» **Your objective**:
Every record that follows must be duplicated exactly, with images left out.

___ Data ___

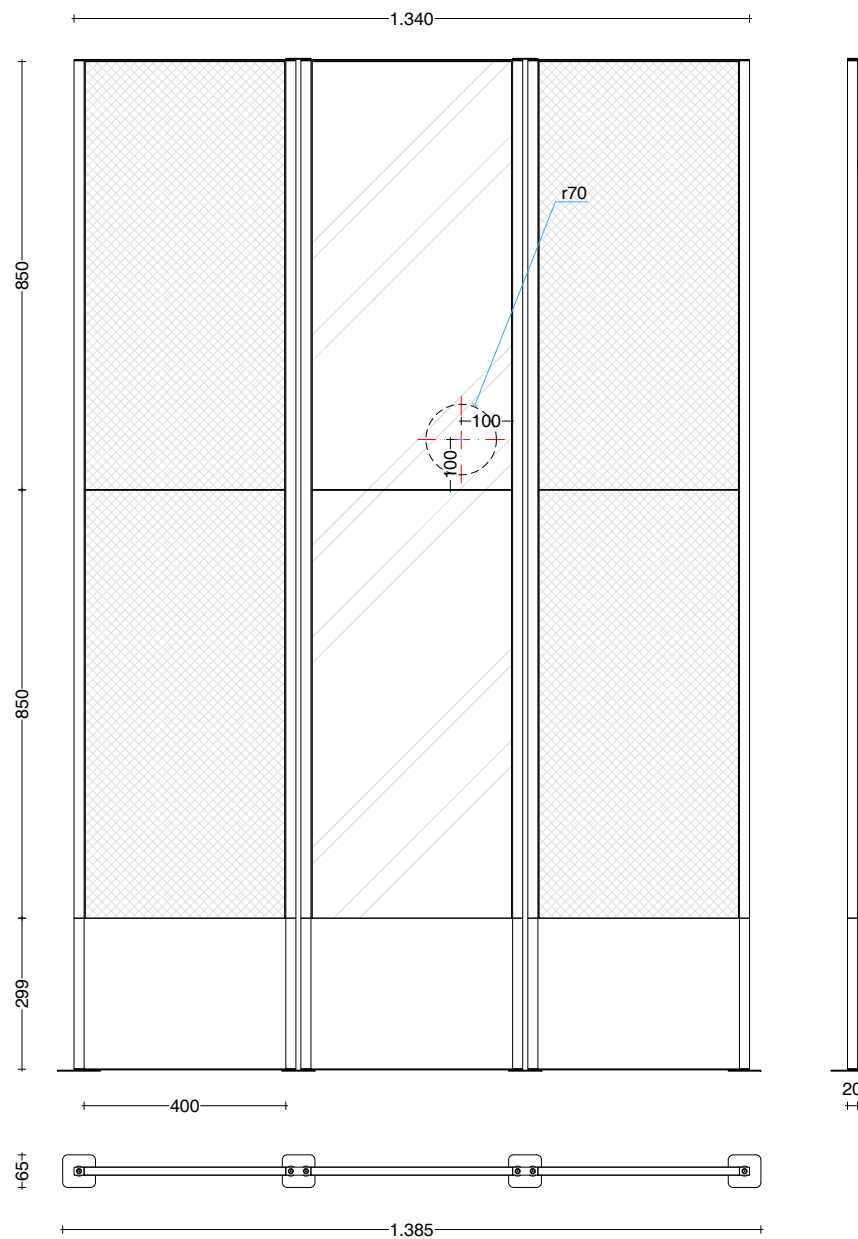

shade_finitura + 1 specchio 3 moduli
3 modules

corian®
tessile
fabric
textil
Gewebe

specchio
mirror
espejo
spiegel

touch

scheda tecnica
technical datasheet
tarjeta técnica
technisches Datenblatt

U.BKC.048.160.

Gli specchi di serie sono senza lente di ingrandimento
The mirror are standard without a magnifying glass

___

» **Your solution**:
shade_finitura + 1 specchio 3 moduli
3 modules

corian®
tessile
fabric
textil
Gewebe

specchio
mirror
espejo
spiegel

touch

scheda tecnica
technical datasheet
tarjeta técnica
technisches Datenblatt

U.BKC.048.160.

Gli specchi di serie sono senza lente di ingrandimento
The mirror are standard without a magnifying glass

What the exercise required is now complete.